## Given records
BEGIN

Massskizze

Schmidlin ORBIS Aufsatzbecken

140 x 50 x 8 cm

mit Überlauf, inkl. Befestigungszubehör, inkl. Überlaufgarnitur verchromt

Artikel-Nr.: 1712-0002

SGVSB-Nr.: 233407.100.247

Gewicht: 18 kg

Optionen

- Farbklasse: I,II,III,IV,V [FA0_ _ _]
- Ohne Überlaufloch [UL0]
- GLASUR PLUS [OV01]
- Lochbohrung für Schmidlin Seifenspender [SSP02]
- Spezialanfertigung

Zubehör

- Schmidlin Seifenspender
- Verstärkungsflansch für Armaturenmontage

END
BEGIN

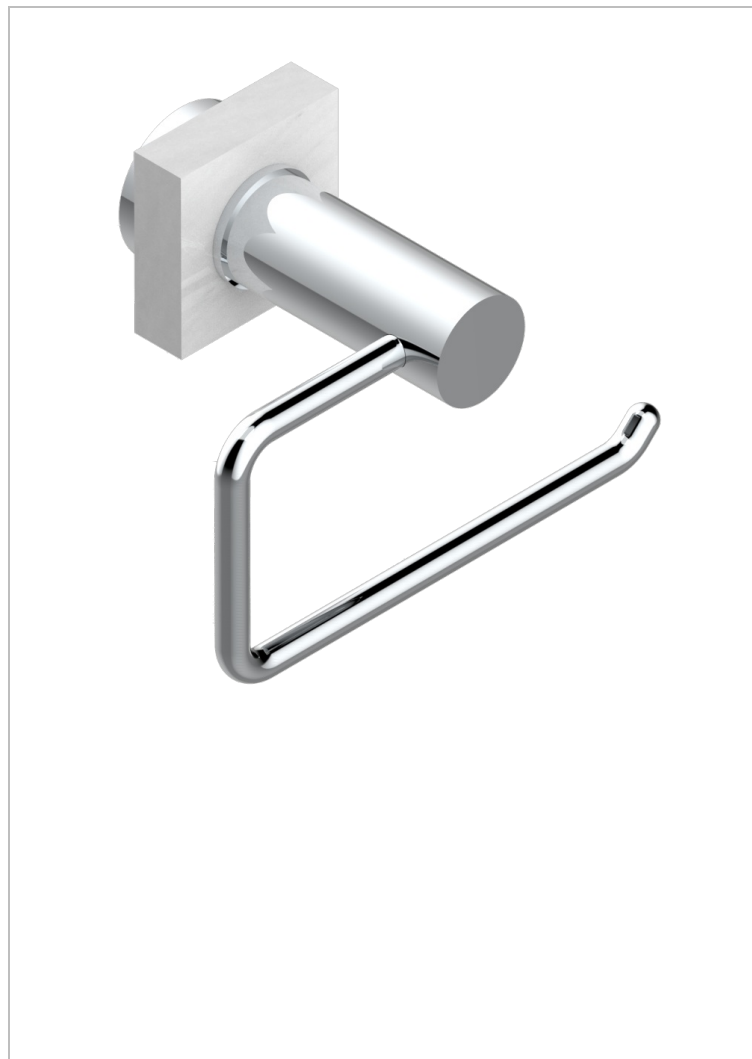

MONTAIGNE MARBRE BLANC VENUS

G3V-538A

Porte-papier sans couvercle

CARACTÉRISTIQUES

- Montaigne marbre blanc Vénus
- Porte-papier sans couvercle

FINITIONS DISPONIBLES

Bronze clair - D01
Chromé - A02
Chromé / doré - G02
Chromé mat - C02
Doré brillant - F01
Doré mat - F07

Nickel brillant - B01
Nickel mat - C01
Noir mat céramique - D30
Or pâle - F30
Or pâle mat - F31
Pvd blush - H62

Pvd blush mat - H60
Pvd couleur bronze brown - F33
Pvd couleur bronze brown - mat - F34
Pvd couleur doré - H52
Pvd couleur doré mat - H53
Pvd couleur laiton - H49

END

## Exercise
Among the entries above, locate the lines containing "SGVSB-Nr.: 233407.100.247" and "- Verstärkungsflansch für Armaturenmontage", and transcribe exactly those two lines and all lines between.

## Result of this exercise
SGVSB-Nr.: 233407.100.247

Gewicht: 18 kg

Optionen

- Farbklasse: I,II,III,IV,V [FA0_ _ _]
- Ohne Überlaufloch [UL0]
- GLASUR PLUS [OV01]
- Lochbohrung für Schmidlin Seifenspender [SSP02]
- Spezialanfertigung

Zubehör

- Schmidlin Seifenspender
- Verstärkungsflansch für Armaturenmontage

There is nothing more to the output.